# Who wants to meet up?



## Duckslayer100 (Apr 7, 2004)

I found a spot that is just crawling with carp and buffalo. I shot 4 from the bank that were between 12 and 15 lbs, but saw many, many more that I couldn't get to. If there is anyone around who wants to go out or, better yet, has a small john boat. Let me know ASAP! I don't know how much longer this spot is going to be like this. And if you just want to go but don't have a bow, I have three, so I'll borrow you one. Split gas and everything. Come on guys, what have you got to lose? We'll play the weather a bit and hit it when the sun is high and the wind is low. I work every day from 4 to midnight except Sunday and Monday.

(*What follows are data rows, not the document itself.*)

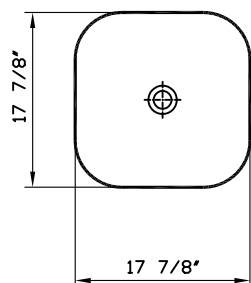

Description	: Piu Due Square CounterWare™
Model Number	: 5191-XXX-0016: Without faucet hole
Compatible Item	: 51251: Lavatory unit (without lavatory)
Size	: 17 7/8" x 17 7/8"
Height	: 29 1/2"
Depth	: 4 1/8"
Waste	: Ø1 1/4" O.D.
Shipping Weight	: 15 lbs.
Shipping Dimensions	: 20 1/4" W x 20 1/4" L x 5 3/4" H
Installation Guide	: Vitra Guide # 312850
Material	: Fine fire clay
Colors	: 003 White 017 Bone, 068 Biscuit (Basic Colors) 001 Edelweiss, 070 Black (Special Colors) "XXX" indicates the color
Warranty	: 10 year limited warranty

1

2

Notes:

- DIMENSIONS SHOWN FOR THE LOCATION OF THE SUPPLY IS SUGGESTED.
- INSTALLATION INSTRUCTIONS SUPPLIED WITH THE LAVATORY.
- FITTINGS ARE NOT INCLUDED
- PROVIDE SUITABLE REINFORCEMENT FOR ALL WALL SUPPORTS.

IMPORTANT: Dimensions of fixtures are nominal and may vary within the range of tolerances. These measurements may be subject to change. No responsibility is assumed for the use of superseded or voided pages.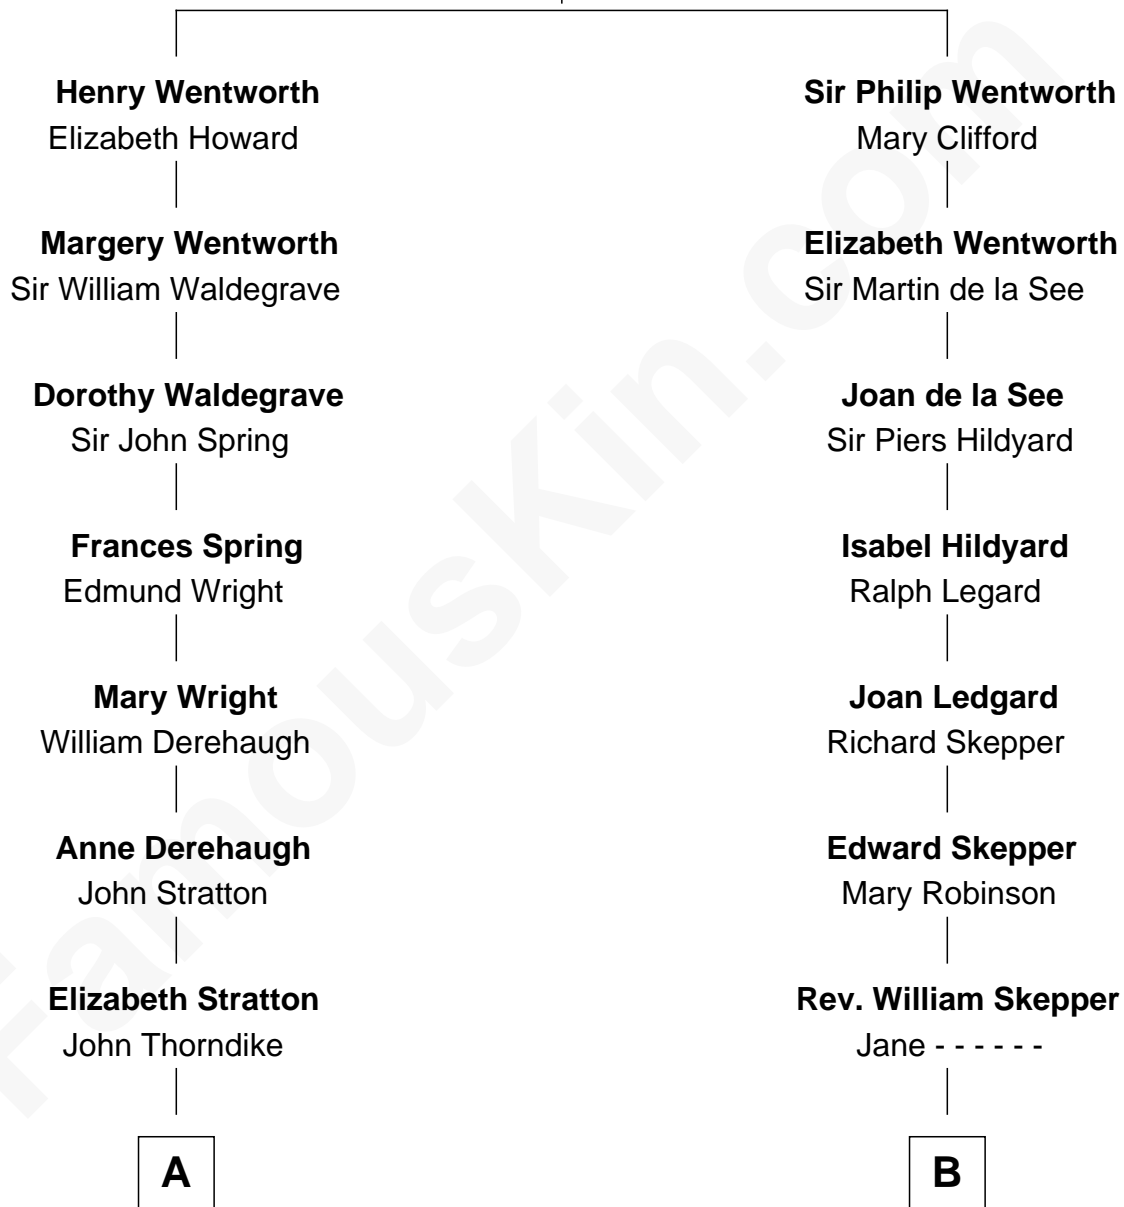

# FamousKin.com Relationship Chart of

**John Lithgow**

*Stage, TV, and Movie Actor*

17th cousin 2 times removed of

**Kyra Sedgwick**

*TV and Movie Actress*

**Sir Roger Wentworth**

Margery Despencer

C

**Helen Peabody**

Robert Minturn Sedgwick

**Henry Dwight Sedgwick**

Patricia Ann Rosenwald

**Kyra Sedgwick**

*TV and Movie Actress*

FamousKin.com

LET'S GO STICK SOME FISH!!!!


----------



## Duckslayer100 (Apr 7, 2004)

Oh COME ON GUYS!!! I went out again today and it was even better than before. You don't know what you're missing. No experience necessary. I just want someone to come shoot with me. I'll even provide a bow for you to use. I'll post a pic as soon as I figure out how.


----------



## sdrookie (May 21, 2006)

Hey duckslayer! I've been lurking around this website for a year and finally registered just to tell you I can't fish with you! I can tell how excited you are and just wanted to say ,"Go get em!". I live in Sioux Falls and can't travel that far, but I am ready! Memorial weekend will be my first trip of the summer. We do most of our shooting on the Missouri River below Yankton. Good Luck!


----------



## Duckslayer100 (Apr 7, 2004)

Thanks :beer:


----------